[Source data]
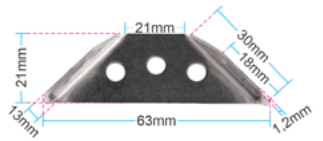

Escaneie e veja mais

Suporte Triangular MAX 2565

ESPESSURA	1,2mm	
MATERIAL	INOX 201	AÇO
ACABAMENTOS	Niquelado	Branco / Preto / Zincado

• Capacidade de peso por unidade utilizando todos os parafusos: 25kg

Escaneie e veja mais

Cantoneira Universal 3 Furos MAX 3020

ACABAMENTO Branco

Escaneie e veja mais

01
Fixe normalmente a cantoneira com 4 parafusos de sua escolha

02
Para desmontar o móvel, retire apenas o parafuso central. Para remontar é só encaixar as partes e refixar o parafuso central

Cantoneira Plástica Inteligente 4 furos MAX 258

ACABAMENTOS Branco Transparente

• Acompanha parafuso de união central

Escaneie e veja mais

Espessura 1,4mm

Cantoneira Metálica c/ Capa Plástica MAX 87117

TAMANHO	30x30mm
LARGURA	12,6mm
COR DA CAPA	Branca
CANTONEIRA	Zincada

Escaneie e veja mais

SUPORTE TRIÂNGULO

PRODUTO MAX 646 - Médio MAX 645 - Grande

ACABAMENTO Bicromatizado

Escaneie e veja mais

PARAFUSO UNIÃO

PRODUTO	MAX 87192	MAX 87193
DIÂMETRO CORPO PARAFUSO	5mm	8mm
DIÂMETRO CABEÇA PARAFUSO	9,5mm	13mm
ÁREA ÚTIL PARAFUSO	de 30 a 38mm	
ROSCA	M4	M6
ROSCA	Fenda ou Phillips	

Escaneie e veja mais

MINIFIX E TAMBOR

PRODUTO	MAX 33	MAX 33-S	MAX T33
REFERÊNCIA	Com anel	Sem anel	Tambor
ACABAMENTO	Aço Niquelado		

• Diâmetro do parafuso: 6mm • Diâmetro do tambor: 15mm
• Área útil do parafuso: de 24 a 33mm • Altura do tambor: 10,5mm
• Minifix não acompanha tambor • Tambor em zamac disponível na Criativa
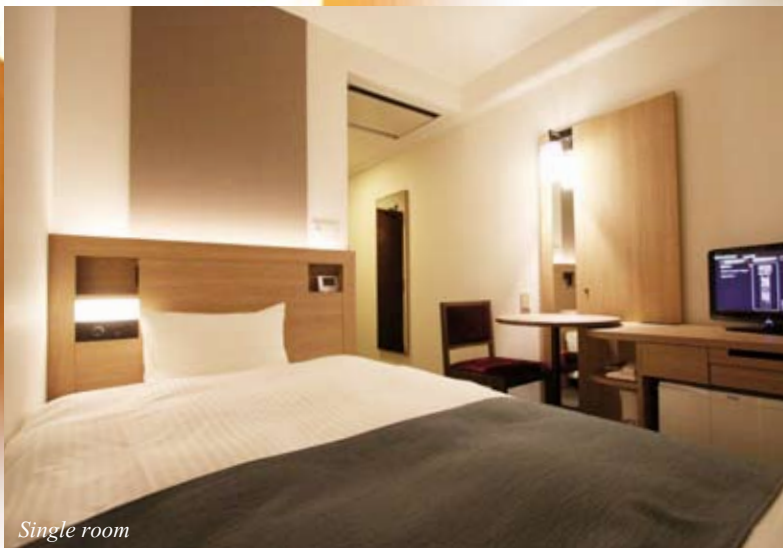

# Guest Room

光と木を巧みに調和させた、温もりある空間

ナチュラルな木の風合いのデザインに、間接照明を用いた温かみのある空間のお部屋をご用意しました。  
清潔感を重視したデュベスタイルの寝具をシモンズ製ベッドが支えています。

Single room

Double room

Twin room

- ▼ 全室高速インターネット接続サービス対応 (Wi-Fi・有線 LAN)
- ▼ ハイクオリティVODシステムと高速インターネット回線
- ▼ 快適な睡眠を…シモンズ社製ゆったりサイズのベッド
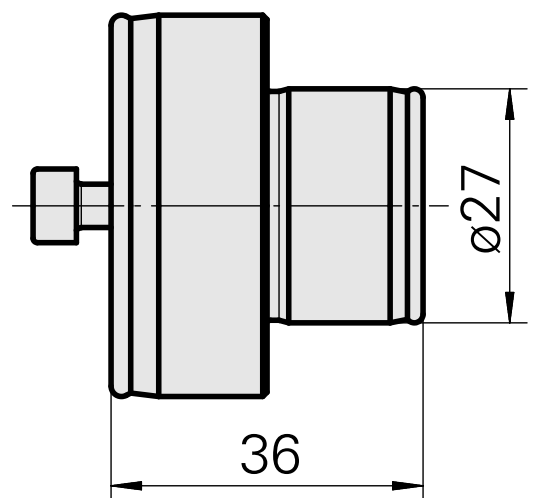

Corps de base, pour dispositif de réglage

Données techniques

Catégorie d'accessoires PO

Adaptateur boulon D27

Documents

Aucun téléchargement n'est disponible pour ce produit
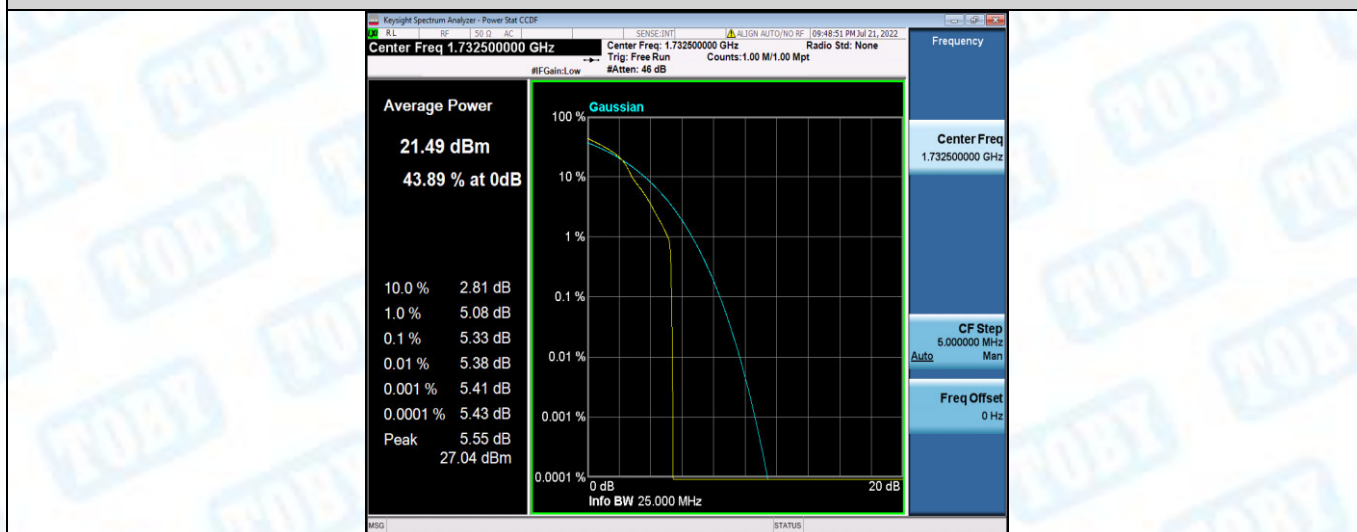

Band4-20MHz-QPSK-20175-100RB#0

Band4-20MHz-QPSK-20300-1RB#0

Band4-20MHz-QPSK-20300-100RB#0

Band4-20MHz-16QAM-20050-1RB#0

Band4-20MHz-16QAM-20050-100RB#0

Band4-20MHz-16QAM-20175-1RB#0

Band4-20MHz-16QAM-20175-100RB#0
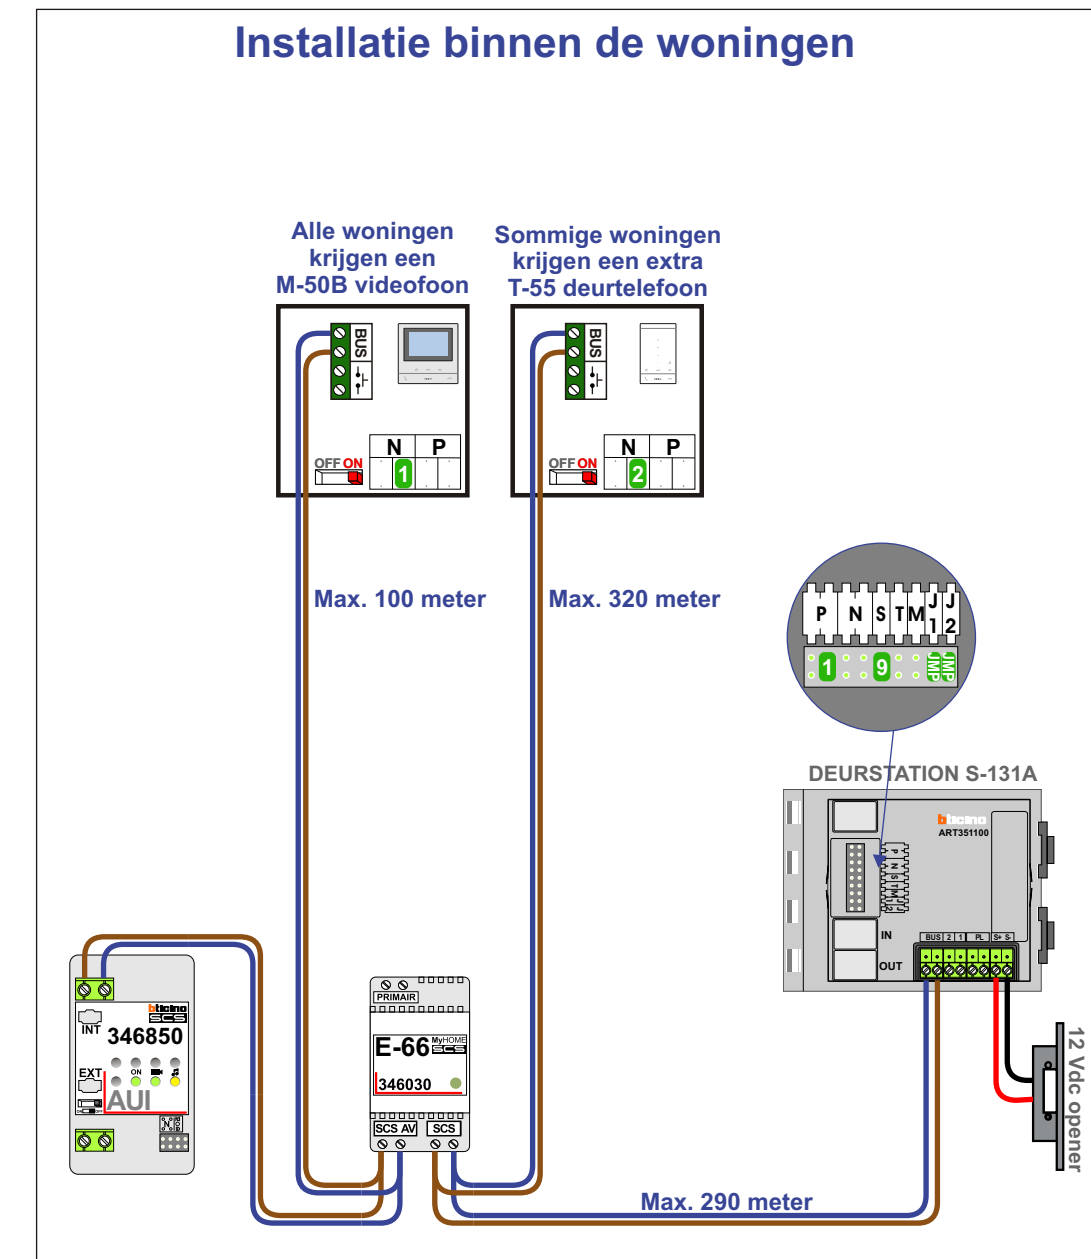

**TWEEDRAADS BUS**

— = systeemkabel  
Bij andere getwiste kabel 66% afstand!  
Bij ongetwiste kabel max. 50 meter buitenpost naar videofoon spanning eraf voorkomt defecten!

**AUI**  
De aders moeten echt OP de connector doorgelust worden!

**Digitizers & flatcables**  
Niet monteren/demontieren onder spanning Beldrukkers mogen wel!

**VideoVerdeler**  
De aders moeten echt OP de klemmen van E-67 aansluiten!

P-W aarde Hoofdbuitenpost	N-waarde AUI	M-W aarde AUI	Eindweerstand AUI	Huisnummer Woning	P-W aarde Lokale buitenpost
0	1	3		120	1
0	2	3		122	1
0	3	3		124	1
0	4	3	X	126	1
0	5	3		128	1
0	6	3		130	1
0	7	3		132	1
0	8	3		134	1
0	9	3		136	1
0	10	3		138	1
0	11	3		140	1
0	12	3		142	1
0	13	3		144	1
0	14	3		146	1
0	15	3		148	1
0	16	3		150	1
0	17	3		152	1
0	18	3		154	1
0	19	3		156	1
0	20	3		158	1
0	21	3		160	1
0	22	3		162	1
0	23	3		164	1
0	24	3		166	1
0	25	3		168	1
0	26	3		170	1
0	27	3		172	1
0	28	3		174	1
0	29	3		176	1
0	30	3		178	1
0	31	3		180	1
0	32	3		182	1
0	33	3		184	1
0	34	3		186	1
0	35	3		188	1
0	36	3		190	1
0	37	3		192	1
0	38	3		194	1
0	39	3		196	1
0	40	3		198	1
0	41	3	X	200	1
0	42	3	X	202	1
0	43	3		204	1
0	44	3	X	206	1
0	45	3		208	1
0	46	3		210	1
0	47	3	X	212	1
0	48	3		214	1
0	49	3		216	1
0	50	3		218	1
0	51	3		220	1
0	52	3		222	1
0	53	3		224	1
0	54	3	X	226	1
0	55	3	X	228	1
0	56	3		230	1
0	57	3		232	1
0	58	3		234	1
0	59	3		236	1
0	60	3		238	1
0	61	3		240	1
0	62	3	X	242	1
0	63	3		244	1
0	64	3	X	246	1
0	65	3	X	248	1
0	66	3	X	250	1
0	67	3	X	252	1
0	68	3	X	254	1
0	69	3	X	256	1
0	70	3	X	258	1
0	71	3	X	260	1

> **WHAT TO WORK ON**
Using the data above, print every line exactly, omitting pictures.

> **SOLUTION BELOW**
Escaneie e veja mais

Suporte Triangular MAX 2565

ESPESSURA	1,2mm	
MATERIAL	INOX 201	AÇO
ACABAMENTOS	Niquelado	Branco / Preto / Zincado

• Capacidade de peso por unidade utilizando todos os parafusos: 25kg

Escaneie e veja mais

Cantoneira Universal 3 Furos MAX 3020

ACABAMENTO Branco

Escaneie e veja mais

01
Fixe normalmente a cantoneira com 4 parafusos de sua escolha

02
Para desmontar o móvel, retire apenas o parafuso central. Para remontar é só encaixar as partes e refixar o parafuso central

Cantoneira Plástica Inteligente 4 furos MAX 258

ACABAMENTOS Branco Transparente

• Acompanha parafuso de união central

Escaneie e veja mais

Espessura 1,4mm

Cantoneira Metálica c/ Capa Plástica MAX 87117

TAMANHO	30x30mm
LARGURA	12,6mm
COR DA CAPA	Branca
CANTONEIRA	Zincada

Escaneie e veja mais

SUPORTE TRIÂNGULO

PRODUTO MAX 646 - Médio MAX 645 - Grande

ACABAMENTO Bicromatizado

Escaneie e veja mais

PARAFUSO UNIÃO

PRODUTO	MAX 87192	MAX 87193
DIÂMETRO CORPO PARAFUSO	5mm	8mm
DIÂMETRO CABEÇA PARAFUSO	9,5mm	13mm
ÁREA ÚTIL PARAFUSO	de 30 a 38mm	
ROSCA	M4	M6
ROSCA	Fenda ou Phillips	

Escaneie e veja mais

MINIFIX E TAMBOR

PRODUTO	MAX 33	MAX 33-S	MAX T33
REFERÊNCIA	Com anel	Sem anel	Tambor
ACABAMENTO	Aço Niquelado		

• Diâmetro do parafuso: 6mm • Diâmetro do tambor: 15mm
• Área útil do parafuso: de 24 a 33mm • Altura do tambor: 10,5mm
• Minifix não acompanha tambor • Tambor em zamac disponível na Criativa

# Guest Room

光と木を巧みに調和させた、温もりある空間

ナチュラルな木の風合いのデザインに、間接照明を用いた温かみのある空間のお部屋をご用意しました。  
清潔感を重視したデュベスタイルの寝具をシモンズ製ベッドが支えています。

Single room

Double room

Twin room

- ▼ 全室高速インターネット接続サービス対応 (Wi-Fi・有線 LAN)
- ▼ ハイクオリティVODシステムと高速インターネット回線
- ▼ 快適な睡眠を…シモンズ社製ゆったりサイズのベッド

Corps de base, pour dispositif de réglage

Données techniques

Catégorie d'accessoires PO

Adaptateur boulon D27

Documents

Aucun téléchargement n'est disponible pour ce produit

Band4-20MHz-QPSK-20175-100RB#0

Band4-20MHz-QPSK-20300-1RB#0

Band4-20MHz-QPSK-20300-100RB#0

Band4-20MHz-16QAM-20050-1RB#0

Band4-20MHz-16QAM-20050-100RB#0

Band4-20MHz-16QAM-20175-1RB#0

Band4-20MHz-16QAM-20175-100RB#0

**TWEEDRAADS BUS**

— = systeemkabel  
Bij andere getwiste kabel 66% afstand!  
Bij ongetwiste kabel max. 50 meter buitenpost naar videofoon spanning eraf voorkomt defecten!

**AUI**  
De aders moeten echt OP de connector doorgelust worden!

**Digitizers & flatcables**  
Niet monteren/demontieren onder spanning Beldrukkers mogen wel!

**VideoVerdeler**  
De aders moeten echt OP de klemmen van E-67 aansluiten!

P-W aarde Hoofdbuitenpost	N-waarde AUI	M-W aarde AUI	Eindweerstand AUI	Huisnummer Woning	P-W aarde Lokale buitenpost
0	1	3		120	1
0	2	3		122	1
0	3	3		124	1
0	4	3	X	126	1
0	5	3		128	1
0	6	3		130	1
0	7	3		132	1
0	8	3		134	1
0	9	3		136	1
0	10	3		138	1
0	11	3		140	1
0	12	3		142	1
0	13	3		144	1
0	14	3		146	1
0	15	3		148	1
0	16	3		150	1
0	17	3		152	1
0	18	3		154	1
0	19	3		156	1
0	20	3		158	1
0	21	3		160	1
0	22	3		162	1
0	23	3		164	1
0	24	3		166	1
0	25	3		168	1
0	26	3		170	1
0	27	3		172	1
0	28	3		174	1
0	29	3		176	1
0	30	3		178	1
0	31	3		180	1
0	32	3		182	1
0	33	3		184	1
0	34	3		186	1
0	35	3		188	1
0	36	3		190	1
0	37	3		192	1
0	38	3		194	1
0	39	3		196	1
0	40	3		198	1
0	41	3	X	200	1
0	42	3	X	202	1
0	43	3		204	1
0	44	3	X	206	1
0	45	3		208	1
0	46	3		210	1
0	47	3	X	212	1
0	48	3		214	1
0	49	3		216	1
0	50	3		218	1
0	51	3		220	1
0	52	3		222	1
0	53	3		224	1
0	54	3	X	226	1
0	55	3	X	228	1
0	56	3		230	1
0	57	3		232	1
0	58	3		234	1
0	59	3		236	1
0	60	3		238	1
0	61	3		240	1
0	62	3	X	242	1
0	63	3		244	1
0	64	3	X	246	1
0	65	3	X	248	1
0	66	3	X	250	1
0	67	3	X	252	1
0	68	3	X	254	1
0	69	3	X	256	1
0	70	3	X	258	1
0	71	3	X	260	1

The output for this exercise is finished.